# Cardiff Singer of the World 2011



## BalloinMaschera (Apr 4, 2011)

Who else has been following the competition?

who do you like so far?

I thought the Russian mezzo, Olesya Petrova, showed terrific potential.


----------



## jflatter (Mar 31, 2010)

I too have been watching. I agree with you over the Russian Mezzo. She made Adriana Lecouvreur sound interesting!!! No seriously I think she appears to be the front runner from the BBC coverage. 

I also liked the ahem Swiss soprano in relation to potential.
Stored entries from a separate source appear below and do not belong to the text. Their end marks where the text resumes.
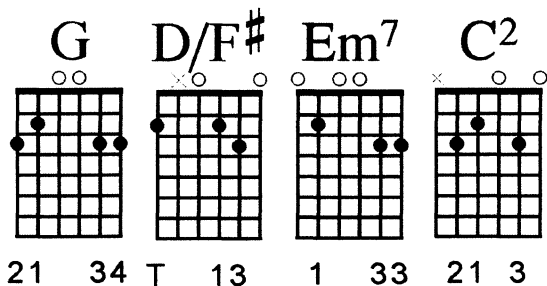

JESUS LORD OF HEAVEN B (capo4 G)

Phil Wickham

G D/F# Em7 C2
Jesus Lord of Heaven, I do not deserve
G D/F#
The grace that you have given
Em7 C2
And the promise of your word
G D/F# Em7 C2
Lord I stand in wonder, at the sacrifice you made
G D/F# Em7 C2
With mercy beyond measure, my debt you freely paid

G D/F#
Your love is deeper, than any ocean
Em7 C2
Higher, than the heaven's
G D/F# C2
Reaches, beyond the stars in the sky

Em7 D/F# C2
Jesus your love has no bounds
Em7 D/F# C2
Jesus your love has no bounds

B F#/A#
Your love is deeper, than any ocean
G#m E
Higher, than the heaven's
B F#/A# E
Reaches, beyond the stars in the sky (2x's)

G#m F#/A# E
Jesus Your love has no bounds
G#m F#/A# E
Your love has no bounds
G#m F#/A# E
Jesus Your love has no bounds
G#m F#/A# E
Your love has no bounds

She did have a few technical problems though.


----------



## BalloinMaschera (Apr 4, 2011)

I thought that yesterday the soprano from Moldova delivered the goods superbly; she really performed. The Ukrainian baritone showed the most versatility, though and coupled that with terrific characterisation and solid technique, and deservedly won the round...


----------



## jflatter (Mar 31, 2010)

I have to admit that the Moldovan soprano was my winner and it maybe that two go through that round. Alma would definitely be a fan!


----------



## BalloinMaschera (Apr 4, 2011)

jflatter said:


> I have to admit that the Moldovan soprano was my winner and it maybe that two go through that round. QUOTE]
> 
> Agreed; I too, hope they both make it to the final... I do agree with the judges though, purely on the basis that they both sang arias from Die Tote Stadt, both arias with the same level of difficulty - those long, sacharine lines, coupled with lieder-like phrases- and I just felt a tad safer listening to him, than her... he was just a wee wee bit more effortless


----------



## sospiro (Apr 3, 2010)

Andrei Bondarenko who's won the Song Prize is only 24 & he's absolutely brilliant!

He's going to sing Dr Malatesta in Glyndebourne on Tour 2011. A shame that Don Pasquale isn't coming to a theatre near me.


----------



## jflatter (Mar 31, 2010)

Here is the Moldovan soprano, Valentina Naforniţă, I discussed previously. She did make the final and I am pinning my hopes on her for tonights final.


----------



## sospiro (Apr 3, 2010)

Thomas Allen is one of the judges so I thought I'd remind myself of his beautiful voice


----------



## BalloinMaschera (Apr 4, 2011)

*Valentina Naforniţă* is crowned Cardiff Singer of the World 2011 :tiphat:

there we have it!

gosh that was actually surprising to me, in a way... as I thought the baritone was better... however, she is so young, which means that the judges must have taken her development potential in to consideration...

congrats to her!

ps: it probably also didn't help the Ukranian that (excellent though he was) memories of when Dmitri Hvorostovsky sang Posa's death scene still linger from 1989 when he took the title. Needless to say, Hvorostovsky's rendition was better.


----------



## GoneBaroque (Jun 16, 2011)

Thank you, Annie for posting that delightful video. I loved the updated lyrics. After a long and distinguished career Sir Thomas is still delivering. I recently saw the DVD of the Covent Garden Magic Flute where he is the Speaker. Two of his recordings I particularly love are Schubert's Wintereisse and Samuel Barber's Dover Beach. I believe both are on Virgin, but I am too lazy to go look.

Rob


----------



## sospiro (Apr 3, 2010)

Gutted that Bondarenko didn't win but it didn't do Bryn Terfel any harm not to win.


----------



## sospiro (Apr 3, 2010)

Hye Jung Lee

I thought _I am the wife of Mao Tse-tung_ was incredible. I would definitely pay to see her.


----------



## BalloinMaschera (Apr 4, 2011)

sospiro said:


> Hye Jung Lee
> 
> I thought _I am the wife of Mao Tse-tung_ was incredible. I would definitely pay to see her.


yes she was terrific... it was a shame that she fell apart a bit in the final showdown


----------